As discussed in a previous post, one of the unfortunate consequences of out-of-grammar utterances is that they can cause many false accepts that may seriously degrade application performance and user experience. In order to illustrate this, let’s use the simple example of a small menu where callers must choose among three options: “validate”, “repeat”, and “cancel”.
We use a test set of 5042 field utterances distributed as follows:
|Menu choice||Number of utterances||Proportion of test corpus
As we can see, this is a fairly clean test set with only about 6% of out-of-grammar utterances. As usual, these include background speech, various noises, side conversations, some common OOG utterances (“yes”, “no”, “okay”, “options”, “oh”, etc.), as well as a wide variety of rambling responses of different kinds.

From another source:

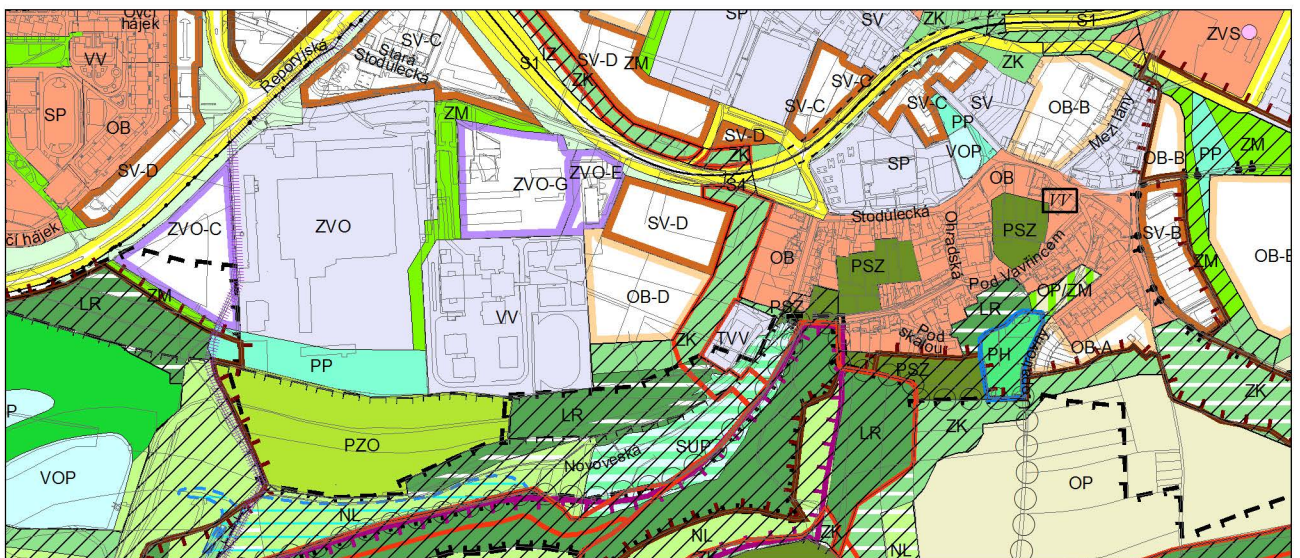

Výkres č. 31 – Podrobné členění ploch zeleně, platný stav k 6. 9. 2018

M 1 : 10 000

Promítnutí změny/úpravy do výkresu č. 31 - Podrobné členění ploch zeleně

M 1 : 10 000

Naturally, since the grammar can only recognize one of the three keywords (and legitimate variants), most of these OOG utterances are misrecognized as one of the keywords. That wouldn’t be a problem if the corresponding confidence scores were low and we could safely reject them, but that’s not always the case. In fact, many of these have a confidence score over 0.9, resulting in damaging false accepts.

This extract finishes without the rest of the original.